Even when life takes what you love, love can still make a life. Faby and Danny fell for each other fast, got married by the ocean, and bought a small starter home near family. They were young, healthy, and sure the next step was a baby. When a smell made Faby suddenly nauseous, a test confirmed what they hoped: she was pregnant. At the first ultrasound, the room went quiet. There was no heartbeat. She had a miscarriage and a D and C. Her body healed in weeks; her heart did not. They tried again. Another quick positive test, another cautious hope. Then, there were sharp pains, bleeding, and a second loss at home. Tests finally answered: Faby’s body was not making enough progesterone to keep a pregnancy. With treatment, they tried a third time. She conceived, but heartbreak returned. Grief seeped into everything. They stopped trying.

Then life surprised them. Without planning, she became pregnant again. At the ultrasound, they learned there were two babies. It was a rare case of conceiving a second time while already pregnant. Their shock turned to joy. She started progesterone and saw doctors weekly. At fourteen weeks, the second heartbeat was gone. The team called it vanishing twin syndrome. Faby was told the remaining baby would be watched closely. She went on bed rest and lived appointment to appointment.
Midway through the pregnancy, new alarms sounded. The baby looked small and had blood flow concerns. Specialists warned Faby to rest and hope to get past twenty-eight weeks. She and Danny took a short trip to breathe and gather strength. Back home, at a routine visit near twenty-seven weeks, her doctor sent her straight to the hospital. Nurses admitted her at once. She had severe preeclampsia with HELLP syndrome. Her organs were at risk. The only way to save her was to deliver immediately.

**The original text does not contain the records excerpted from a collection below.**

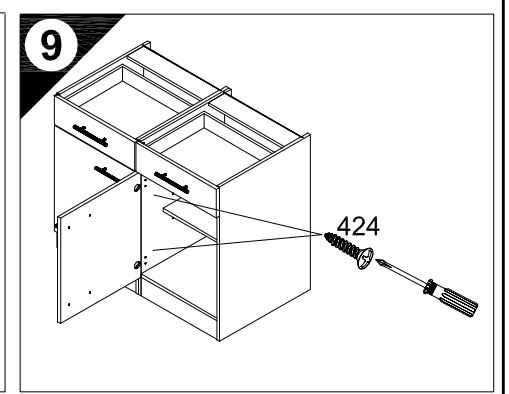

Ersatzteile/Spare parts/pièces de rechange/Reserveonderdelen/Piezas de recambio/Ricambi/Запасные части/Części zamiennel/pótalkatrészek/Náhradní části/Nadomestni deli/varaosat/reservdelar
UO536-6 | (A) E961021 (B) E961022 (C) E951224 (F) E970974 (G) E970117 (J) E980563 (J1) E980592 (J2) E980644 (L) E970974 (Q) E446132 (R) E971151 (S) E446205 (V) E446155
U536-6 | (A) E961021 (B) E961022 (C) E951224 (F) E970974 (G) E970117 (J) E980563 (J1) E980592 (J2) E980644 (L) E970974 (P) E441104 (Q) E446132 (R) E971151 (S) E446205 (V) E446155
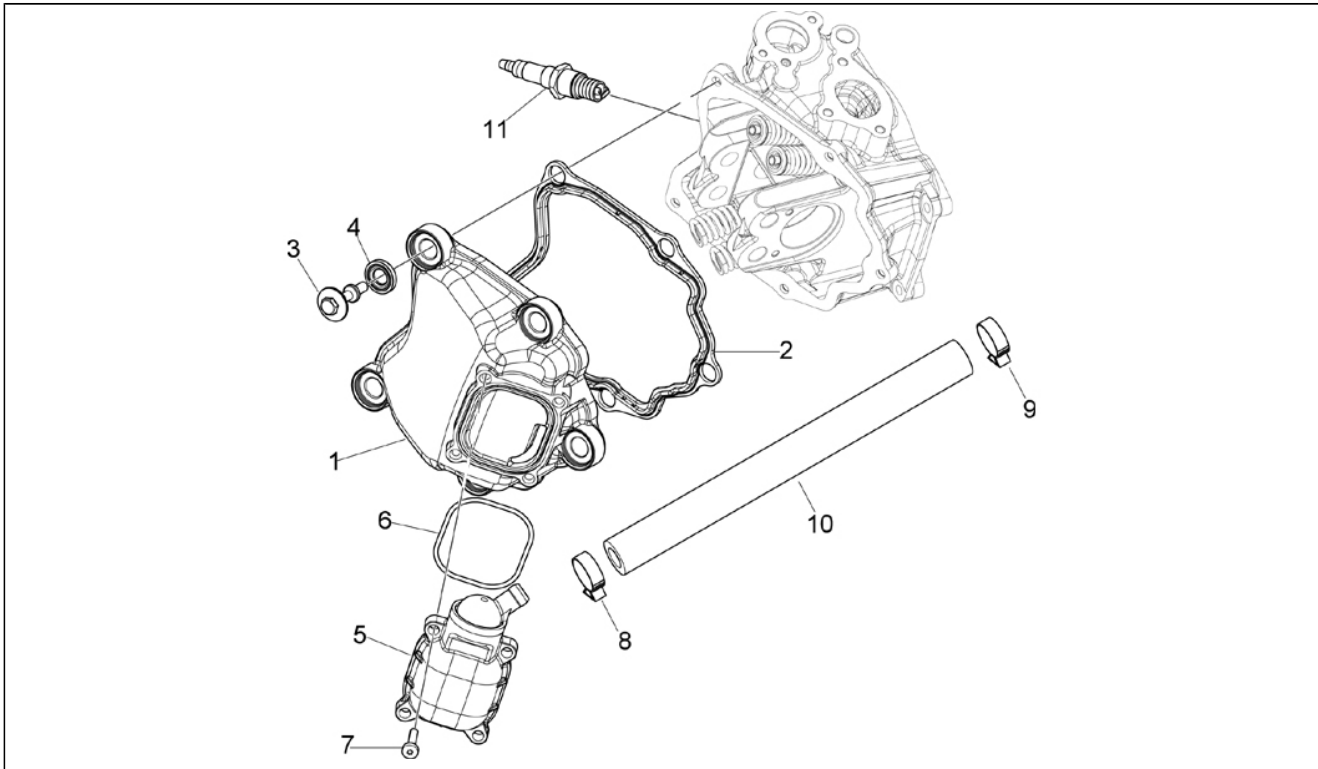

Gruppo	Motore
Codice	01.12
Descrizione	Coperchio testa
Revisione	1

Pos.	Codice	Descrizione	Q.ta	Varianti
1	829534	Coperchio testa	1	
2	829536	Guarnizione	1	
3	830248	Vite speciale	5	
3	872635	Vite speciale	5	
4	830249	Tampone smorzatore	5	
5	828421	Valvola sfiato olio	1	
6	487989	Guarnizione	1	
7	828653	Vite	4	
8	CM001904	Fascetta stringitubo	1	
9	CM001904	Fascetta stringitubo	1	
10	844094	Tubo	1	
11	639205	Candela	1
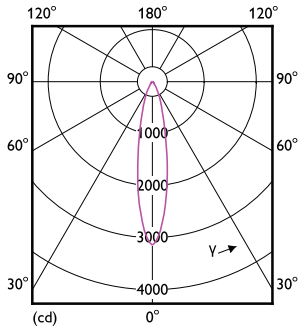

## Rozměrové výkresy

CorePro LEDspot ND 9-60W 927 PAR38 25D

Product	D	C
CorePro LEDspot ND 9-60W 927 PAR38 25D	122 mm	134 mm

## Fotometrické údaje

Accent Lighting - Spots

Spectral Power Distribution Colour

Accent Lighting Spots

## Fotometrické údaje

Light Distribution Diagram
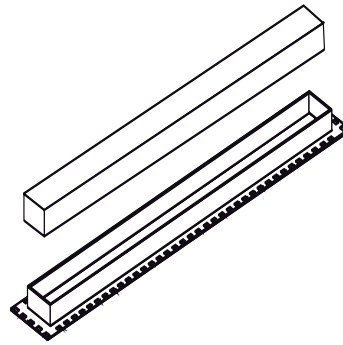

## **SANIT Rostrahmen für Duschrinne Edelstahl 750/50/11**

### **Produktbeschreibung**

Rostrahmen mit EPS-Kern für Duschrinne ES50 750/50/11
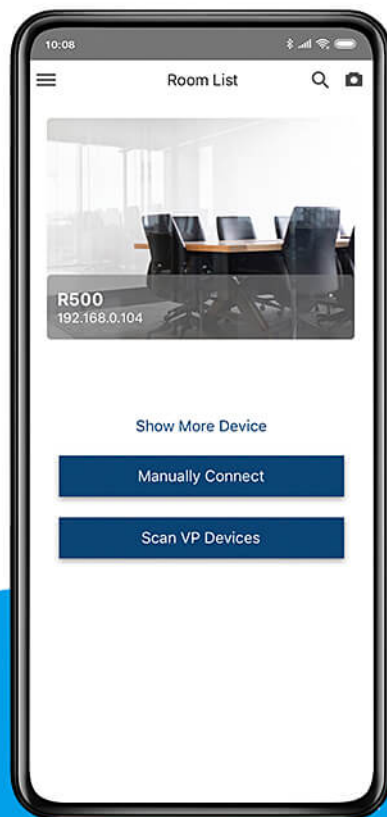

## ATEN Video Presentation Control App

App para control y presentación desde dispositivo móvil

Únase a las reuniones a través de la ATEN Video Presentation Control App, que le permite colaborar y controlar presentaciones de reuniones directamente desde su smartphone. Esta aplicación gratuita incluye capacidades colaboración y control para ayudarle a ofrecer reuniones fluidas, interesantes y productivas.

### Múltiples opciones de inicio de sesión

Busque automáticamente en la red y haga clic en cualquier dispositivo para iniciar sesión. Conéctese manualmente introduciendo la dirección IP y el código de sala, o bien simplemente escanee o cargue el código QR del dispositivo para un acceso instantáneo.

### Presentación inalámbrica

Simplemente inicie sesión en la reunión y haga clic en "Iniciar intercambio" para transmitir el contenido de la presentación directamente desde su smartphone.

**Ver presentaciones en directo**
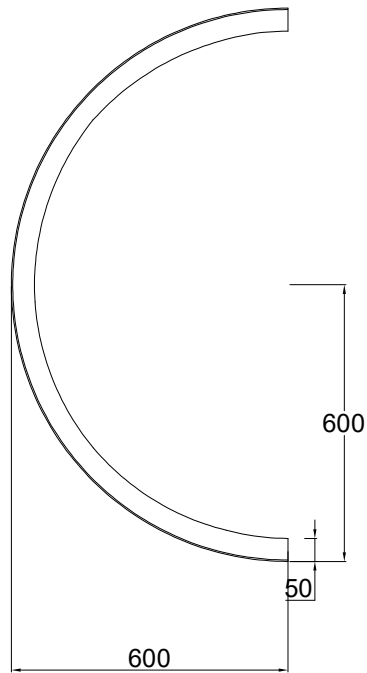

Conecto Semicircle
 03ND600 h=175
 Top view
 Scale 1:4

Conecto Semicircle
 03ND600 h=175
 Section

Conecto Semicircle
 03ND600 h=175
 black steel

Conecto Profiles Sp. z o.o.
 ul. Przemysłowa 39
 61-541 Poznań
 www.conecto-profiles.com

ROZMIAR / SIZE			SKALA / SCALE			Wszystkie wymiary podano w [mm] All dimensions in [mm]			PROJEKT	PROJECT	ZŁOŻENIE	SUB ASSEMBLY	RYSUNEK	DRAWING	ARKUSZ SHEET	WER REV	
A3			1:1						--		--		01		1	Z OF	1
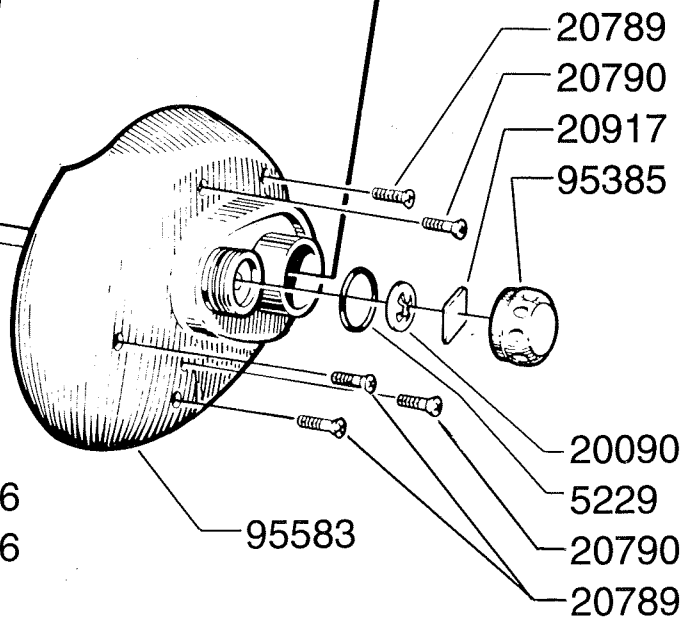

LINEGUIDE COMPL. 817202  
INCL. 13091, 19409, 20773

BAYONET COMPL.  
20574

SPOOL COMPL.  
970489

Please specify reel model number and number in reelfoot when ordering parts.

Vid beställning av reservdelar bör alltid rulltyp och nummerbeteckning under rullfoten uppges.
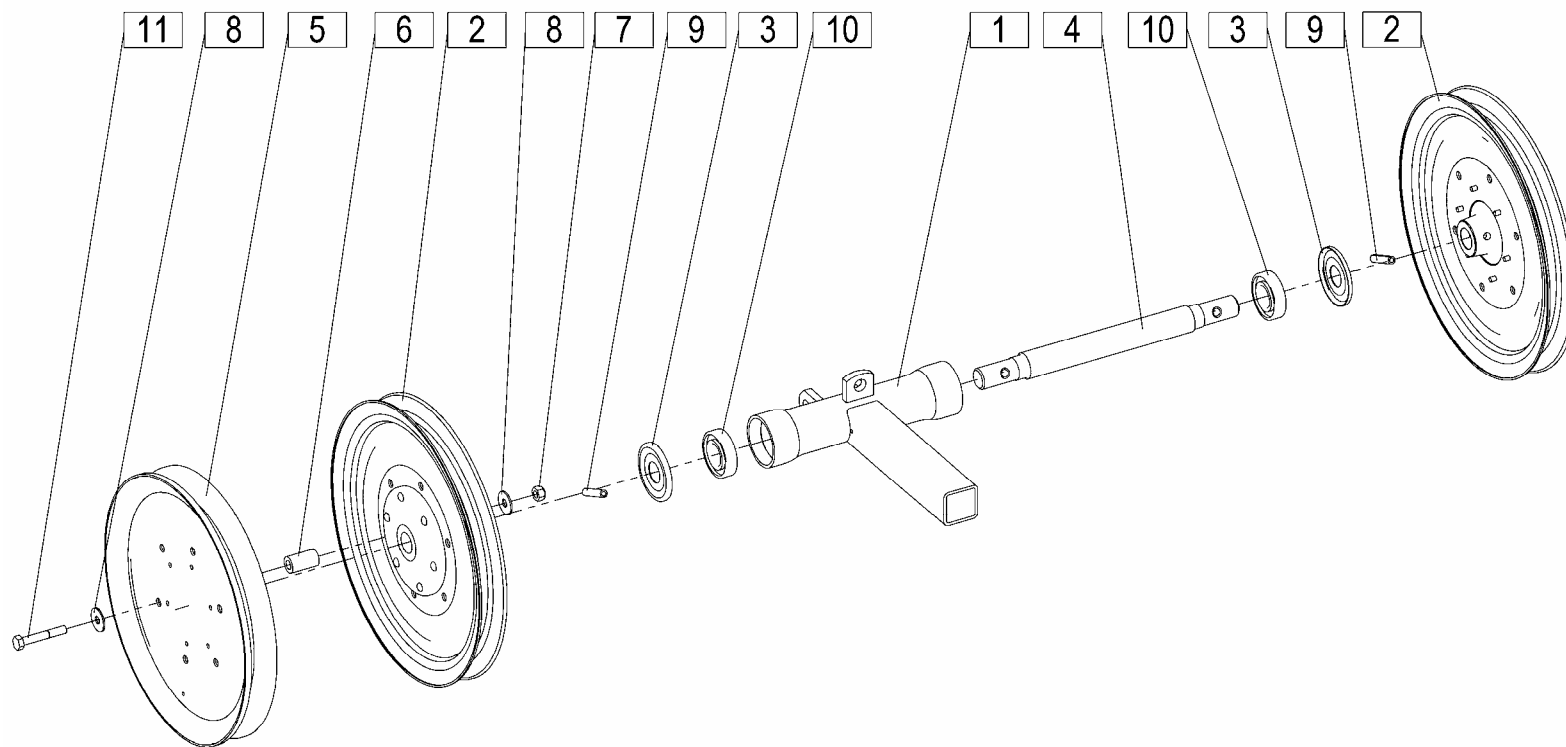

Ident: 150012701

GELENKWELLE.001.0

P.T.O. SHAFT.001.0

FAVORIT 224 V=+1161

**SEZNAM NADOMESTNIH DELOV
SPISAK REZERVNIH DELOVA**

FAVORIT 224 F

**ERSATZTEILLISTE
SPARE PARTS LIST**

FAVORIT 224 F

Their daughter, Emma, was born by emergency C-section at twenty-seven weeks, one pound, and two ounces. For five days, Faby lay in a hospital bed, medicated and unable to see her baby. When she finally entered the NICU, she found a tiny body nestled under lights and wires, skin so thin she could trace the veins with her eyes. She placed a hand on her daughter’s back and whispered her name. Emma stayed in the NICU for 160 days. She needed transfusions, a heart procedure, lines for meds and feeding, resuscitation, and more interventions than most adults ever face. Little by little, she grew. When they brought her home, it was with oxygen, monitors, a feeding tube, and a long list of what-ifs. But they crossed the threshold together. Against long odds, Faby had become a mother, and Faby and Danny had become parents.
Life shifted again in 2015. While on a family trip, Danny died in a sudden boating accident. The loss remade their world. Faby and Emma learned to carry grief and gratitude, tell stories about the man they loved, and build days he would be proud of. Faby turned her pain into purpose, sharing their journey so others would not feel alone in theirs. She began writing a memoir about trying, losing, nearly breaking, and still choosing to live with an open heart.

Her path is proof that joy and sorrow often walk the same road. She knows the sting of a quiet ultrasound room and the beep of a NICU monitor. She knows a doctor’s urgency and a partner’s hand squeezing back. She knows how it feels to stop planning and be handed a future anyway. She also knows that help can come from science, prayer, strangers in scrubs, and the steady act of showing up for one more day.